## Information

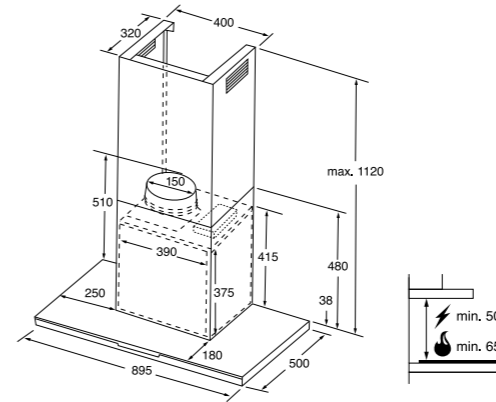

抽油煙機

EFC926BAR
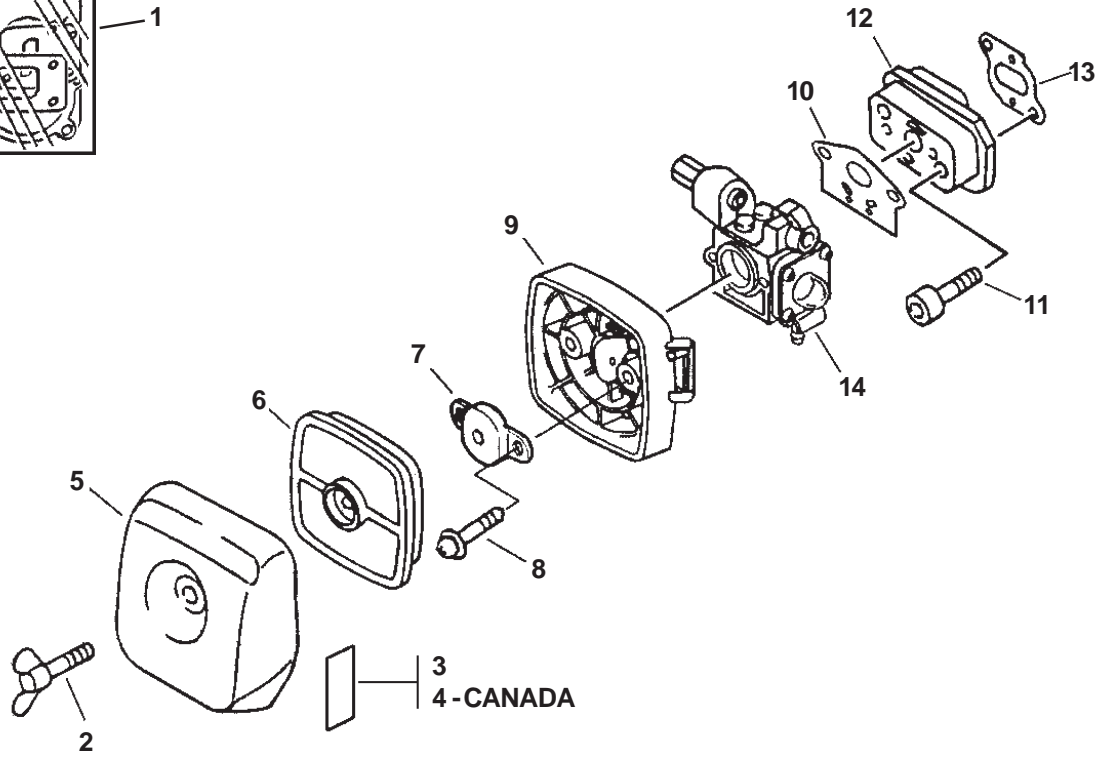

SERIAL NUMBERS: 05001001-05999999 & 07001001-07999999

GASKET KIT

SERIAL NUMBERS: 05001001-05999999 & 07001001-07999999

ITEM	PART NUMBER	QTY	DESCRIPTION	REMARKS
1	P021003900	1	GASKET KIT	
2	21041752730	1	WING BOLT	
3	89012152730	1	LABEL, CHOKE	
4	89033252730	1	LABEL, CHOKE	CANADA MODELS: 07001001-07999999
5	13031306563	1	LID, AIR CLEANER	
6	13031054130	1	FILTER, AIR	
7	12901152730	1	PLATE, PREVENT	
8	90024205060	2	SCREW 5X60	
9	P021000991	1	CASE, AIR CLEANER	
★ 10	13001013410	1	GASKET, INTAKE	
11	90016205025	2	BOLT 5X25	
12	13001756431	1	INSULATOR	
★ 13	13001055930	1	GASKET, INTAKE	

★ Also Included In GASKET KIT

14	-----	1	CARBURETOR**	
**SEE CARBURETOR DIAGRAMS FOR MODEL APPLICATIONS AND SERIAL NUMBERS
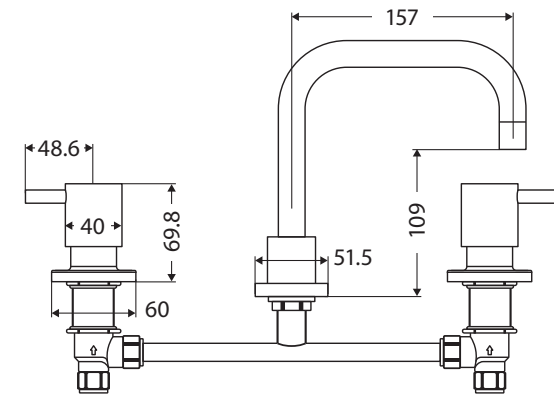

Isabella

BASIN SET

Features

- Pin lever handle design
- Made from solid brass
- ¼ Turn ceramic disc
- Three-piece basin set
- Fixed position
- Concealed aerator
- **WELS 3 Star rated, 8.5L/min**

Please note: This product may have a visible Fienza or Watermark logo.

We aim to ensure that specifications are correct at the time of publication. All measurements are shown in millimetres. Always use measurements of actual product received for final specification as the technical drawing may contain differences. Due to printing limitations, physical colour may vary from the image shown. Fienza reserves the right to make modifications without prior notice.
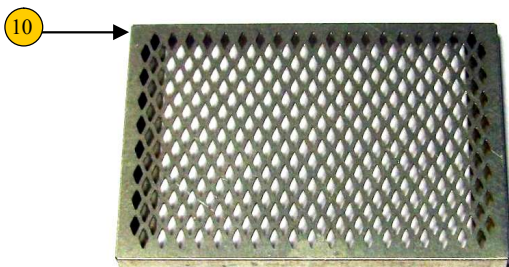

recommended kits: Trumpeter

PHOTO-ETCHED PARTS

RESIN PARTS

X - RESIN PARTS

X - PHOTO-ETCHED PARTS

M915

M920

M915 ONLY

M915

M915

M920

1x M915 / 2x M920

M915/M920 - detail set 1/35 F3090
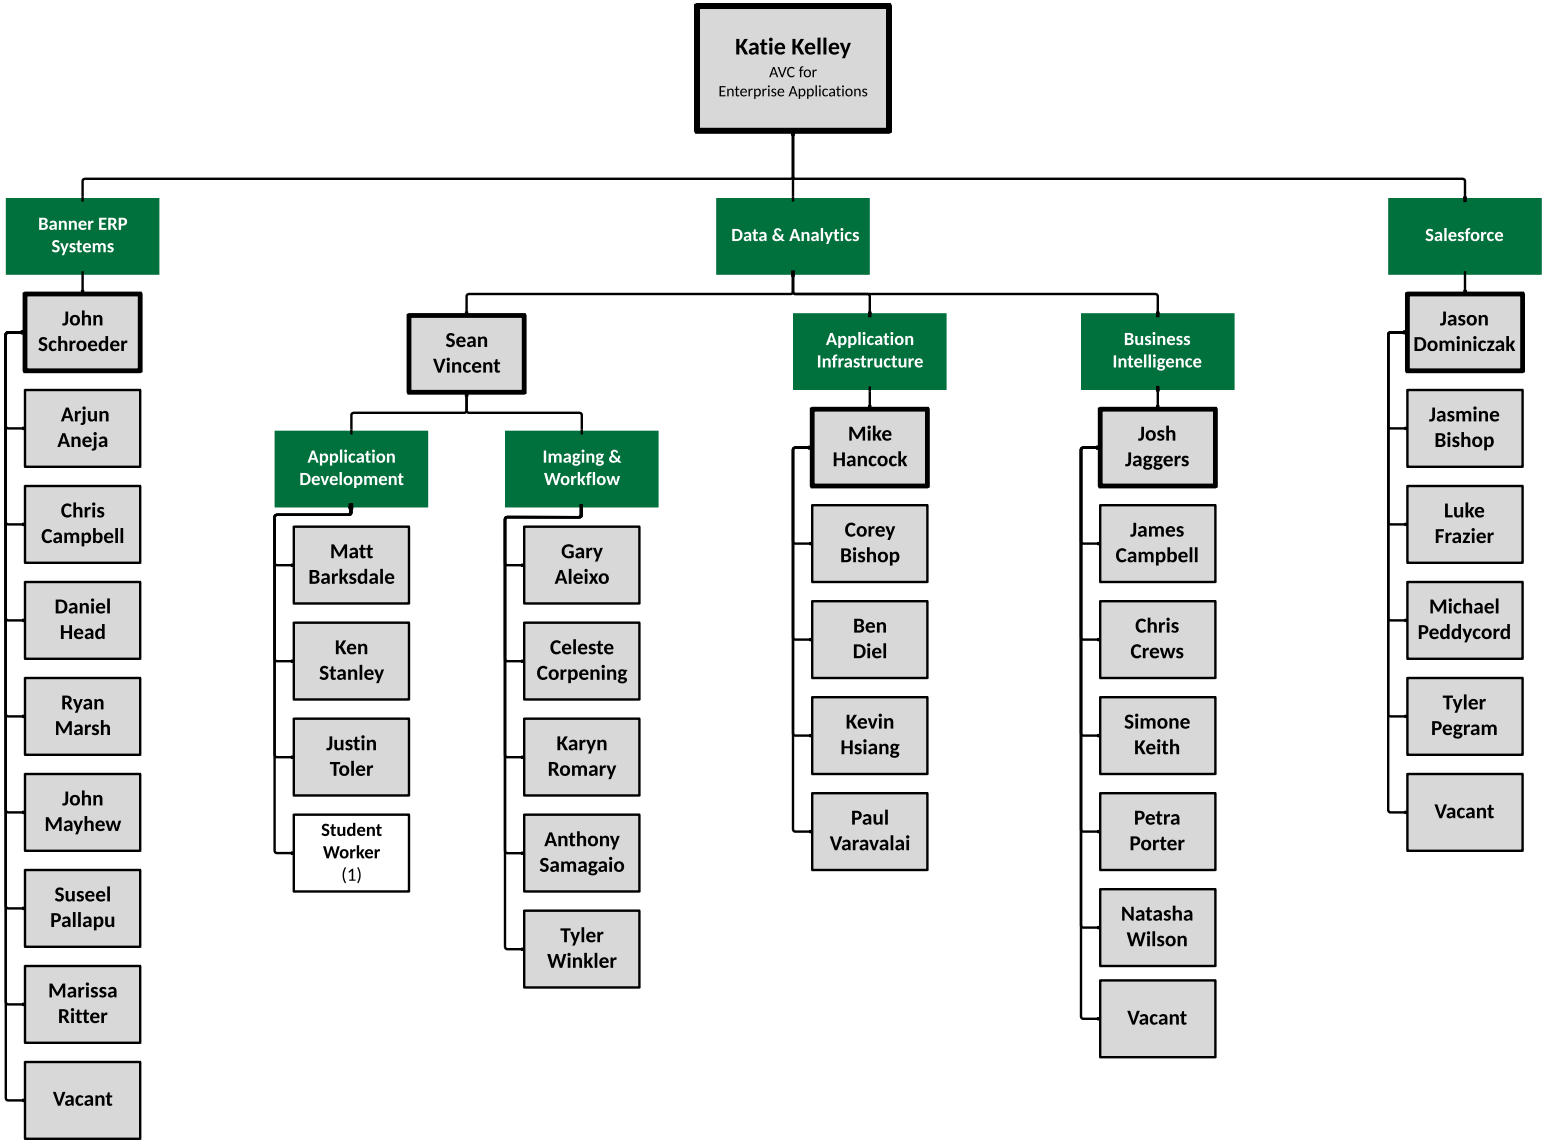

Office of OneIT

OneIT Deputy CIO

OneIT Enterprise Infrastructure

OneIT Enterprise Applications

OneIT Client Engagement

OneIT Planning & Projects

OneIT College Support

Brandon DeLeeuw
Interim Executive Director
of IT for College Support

## What is needed
The answer is the whole listing above, written out verbatim, without its pictures.

## Exercise output
抽油煙機

EFC926BAR

SERIAL NUMBERS: 05001001-05999999 & 07001001-07999999

GASKET KIT

SERIAL NUMBERS: 05001001-05999999 & 07001001-07999999

ITEM	PART NUMBER	QTY	DESCRIPTION	REMARKS
1	P021003900	1	GASKET KIT	
2	21041752730	1	WING BOLT	
3	89012152730	1	LABEL, CHOKE	
4	89033252730	1	LABEL, CHOKE	CANADA MODELS: 07001001-07999999
5	13031306563	1	LID, AIR CLEANER	
6	13031054130	1	FILTER, AIR	
7	12901152730	1	PLATE, PREVENT	
8	90024205060	2	SCREW 5X60	
9	P021000991	1	CASE, AIR CLEANER	
★ 10	13001013410	1	GASKET, INTAKE	
11	90016205025	2	BOLT 5X25	
12	13001756431	1	INSULATOR	
★ 13	13001055930	1	GASKET, INTAKE	

★ Also Included In GASKET KIT

14	-----	1	CARBURETOR**	
**SEE CARBURETOR DIAGRAMS FOR MODEL APPLICATIONS AND SERIAL NUMBERS

Isabella

BASIN SET

Features

- Pin lever handle design
- Made from solid brass
- ¼ Turn ceramic disc
- Three-piece basin set
- Fixed position
- Concealed aerator
- **WELS 3 Star rated, 8.5L/min**

Please note: This product may have a visible Fienza or Watermark logo.

We aim to ensure that specifications are correct at the time of publication. All measurements are shown in millimetres. Always use measurements of actual product received for final specification as the technical drawing may contain differences. Due to printing limitations, physical colour may vary from the image shown. Fienza reserves the right to make modifications without prior notice.

recommended kits: Trumpeter

PHOTO-ETCHED PARTS

RESIN PARTS

X - RESIN PARTS

X - PHOTO-ETCHED PARTS

M915

M920

M915 ONLY

M915

M915

M920

1x M915 / 2x M920

M915/M920 - detail set 1/35 F3090

Office of OneIT

OneIT Deputy CIO

OneIT Enterprise Infrastructure

OneIT Enterprise Applications

OneIT Client Engagement

OneIT Planning & Projects

OneIT College Support

Brandon DeLeeuw
Interim Executive Director
of IT for College Support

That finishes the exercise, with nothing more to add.